MATERIAL FOR THE TASK
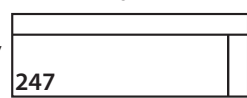

Large Seat End*
L102" D39" H35"
*available as right or left seated
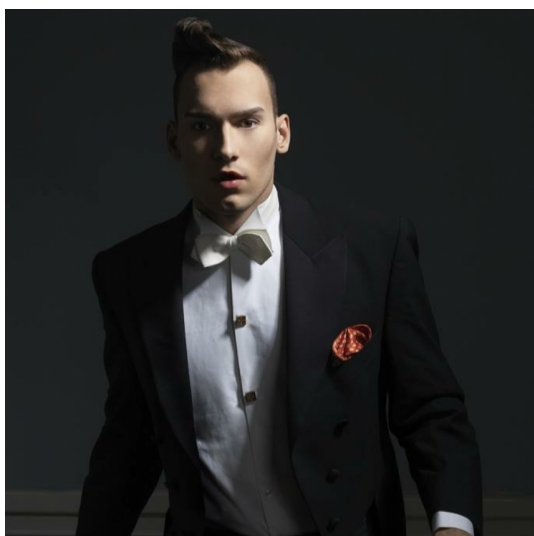

Sandro S

Height 185 Size L Bust Skjorta L Waist Hips Jeans 32/34 Shoes 44 Hair Brown Eyes Brown-Green
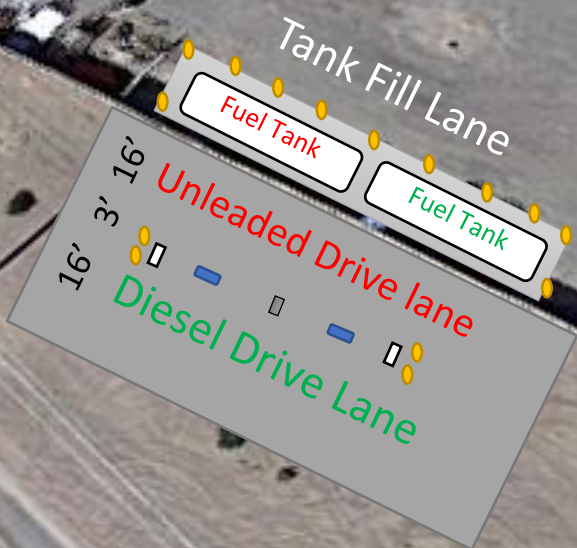

M
De

Garvey Ave

W Garvey Ave

Dual Product
Diesel/Unleaded
Dispenser

Fuel Management

Dual Product
Diesel/Unleaded
Dispenser
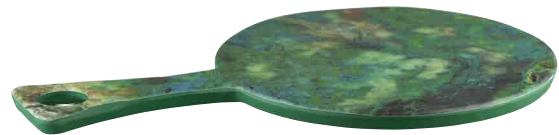

ROUND PADDLE BOARD

Parrot Wing

Item No.	460034
Diameter	250mm
Overall Length	395mm
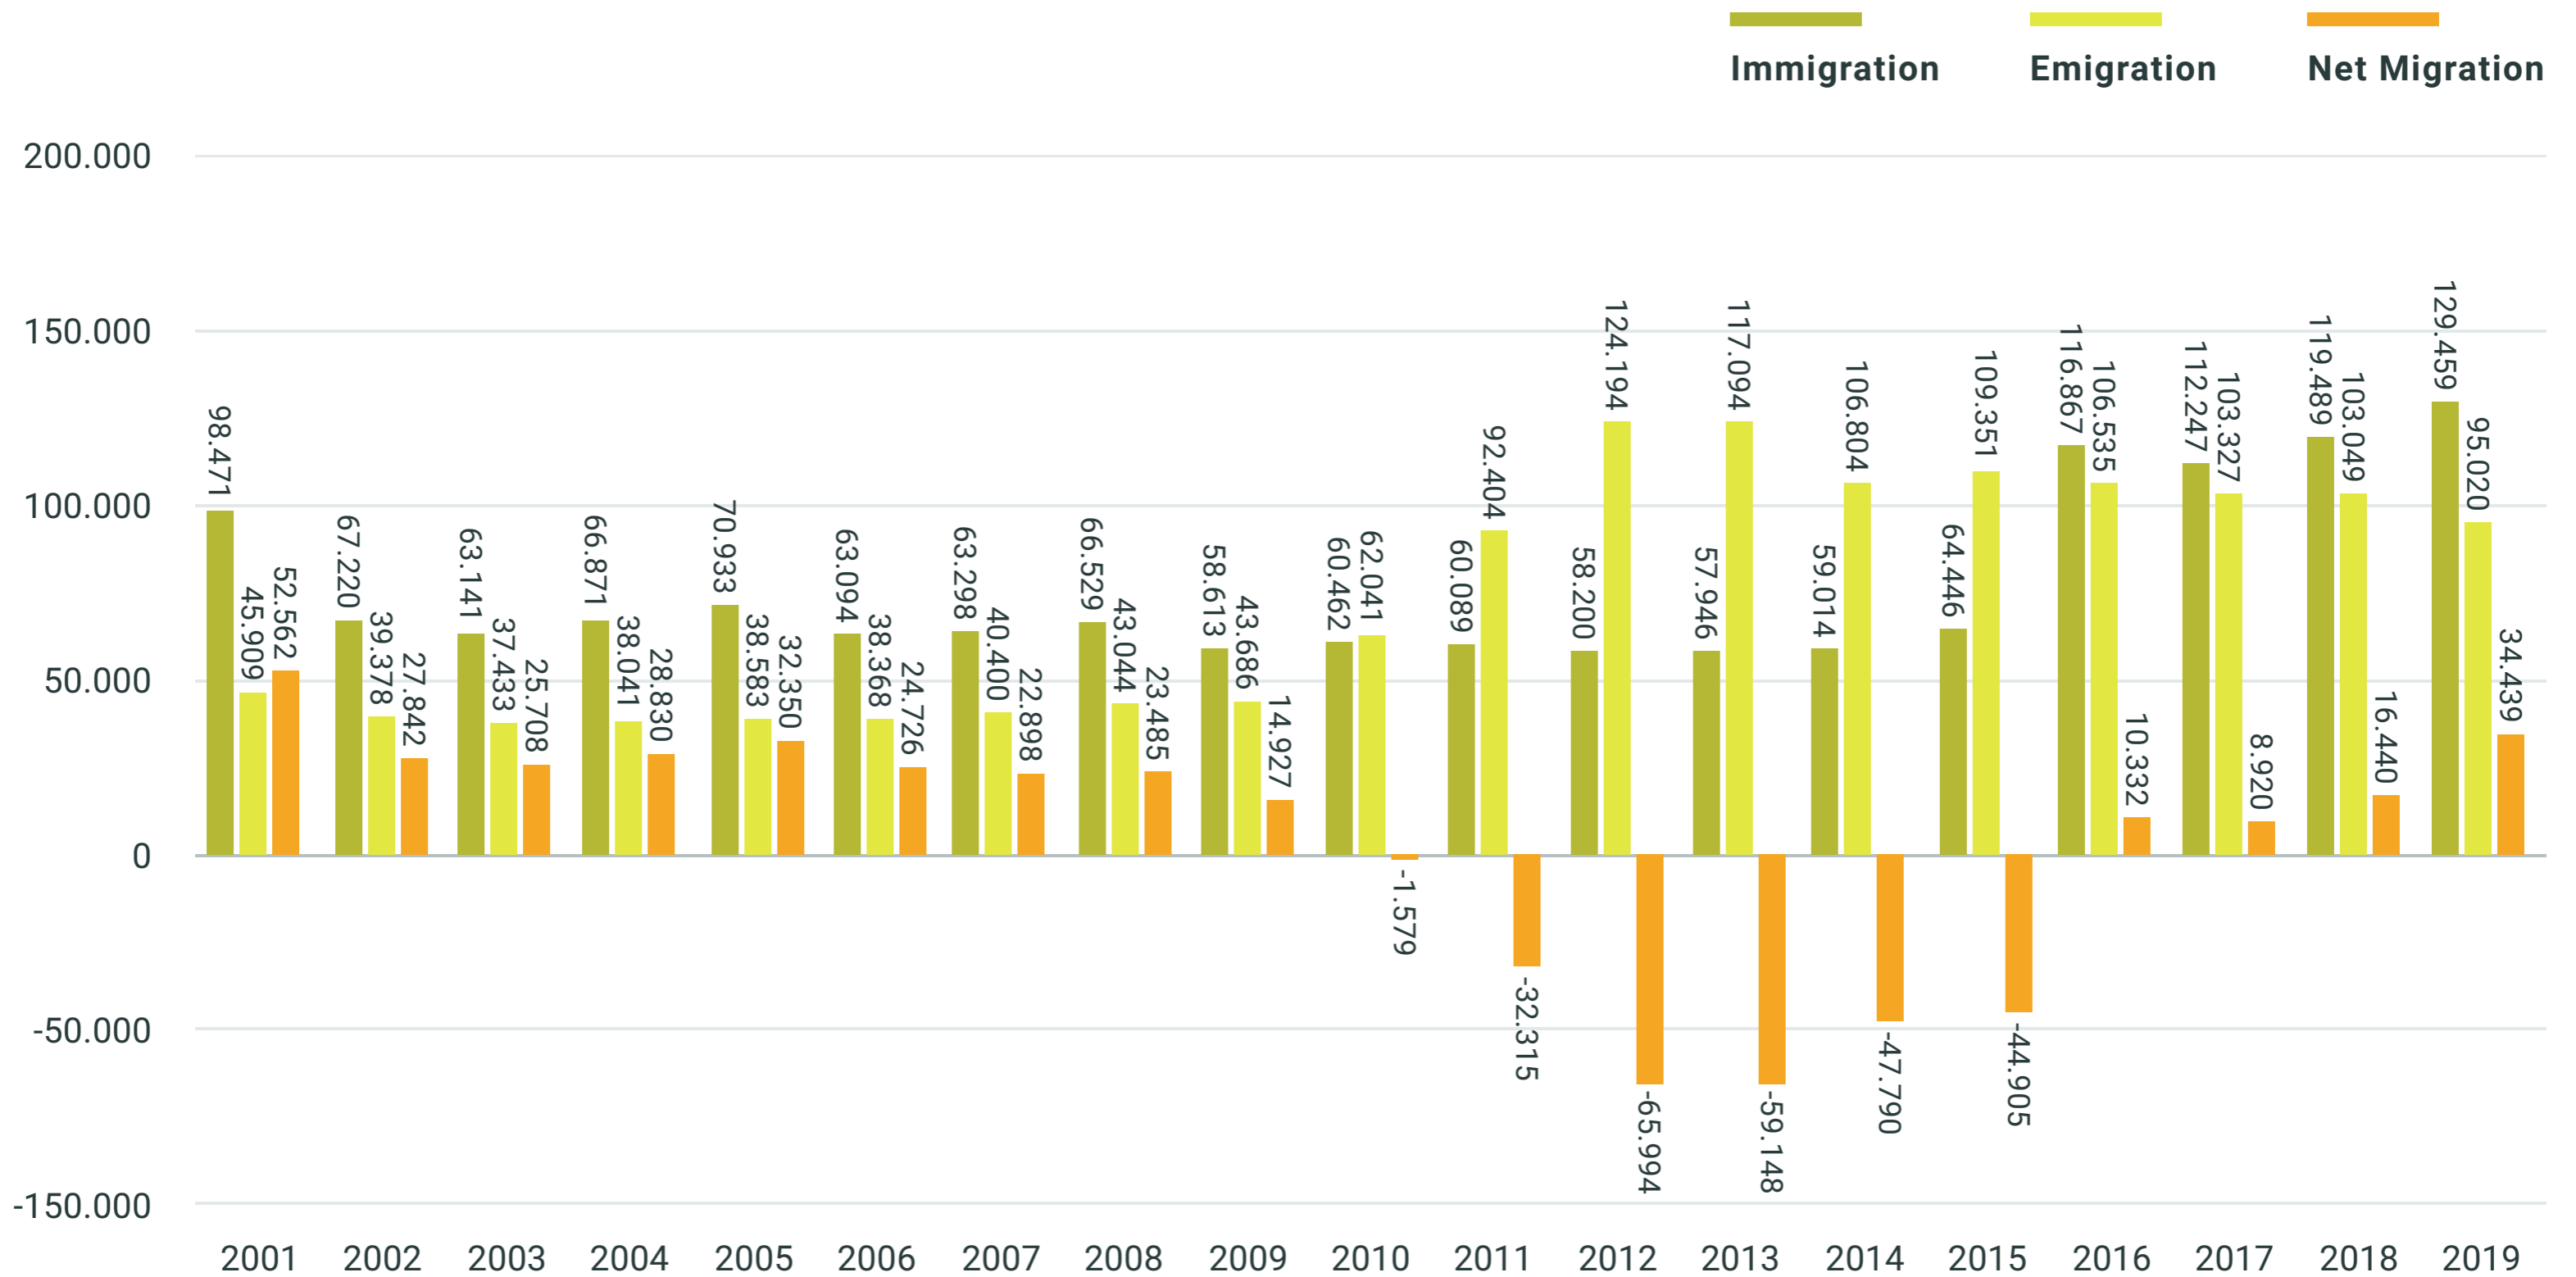

Immigrants – Emigrants in Greece, 2001–2019

Source: Hellenic Statistical Authority, 2020. <https://www.statistics.gr/documents/20181/972a68ea-7bc3-c764-94bd-2d989b25e6f6> (accessed: 19-10-2021).

License: Creative Commons by-nc-nd/3.0/de

Bundeszentrale für politische Bildung, 2022, www.bpb.de
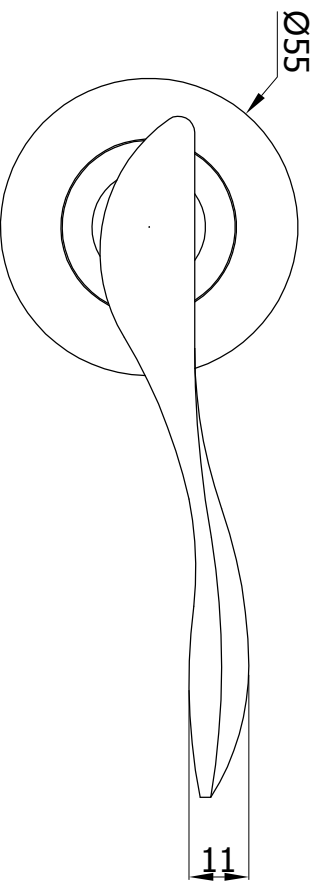

PRODUCT :- MH2241S

DRAWN BY:- _____
CHECKED BY:- _____
APPROVED BY :- _____
DATE:- 27-07-2016, REV.NO.:- 00
ALL DIMENSIONS ARE IN MM.
ALL DIMENSIONS ARE APPROX.

- Corrosion Resistant High Grade AISI 316 Stainless Steel Architectural Products.
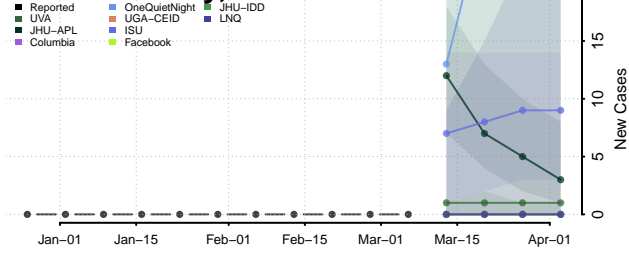

Sevier County, Utah

THE PROBLEM
Reproduce the data above line for line, from its first line through the line containing "Bundeszentrale für politische", both ends included, with the pictures omitted and nothing more.

TASK RESULT
Large Seat End*
L102" D39" H35"
*available as right or left seated

Sandro S

Height 185 Size L Bust Skjorta L Waist Hips Jeans 32/34 Shoes 44 Hair Brown Eyes Brown-Green

M
De

Garvey Ave

W Garvey Ave

Dual Product
Diesel/Unleaded
Dispenser

Fuel Management

Dual Product
Diesel/Unleaded
Dispenser

ROUND PADDLE BOARD

Parrot Wing

Item No.	460034
Diameter	250mm
Overall Length	395mm

Immigrants – Emigrants in Greece, 2001–2019

Source: Hellenic Statistical Authority, 2020. <https://www.statistics.gr/documents/20181/972a68ea-7bc3-c764-94bd-2d989b25e6f6> (accessed: 19-10-2021).

License: Creative Commons by-nc-nd/3.0/de

Bundeszentrale für politische Bildung, 2022, www.bpb.de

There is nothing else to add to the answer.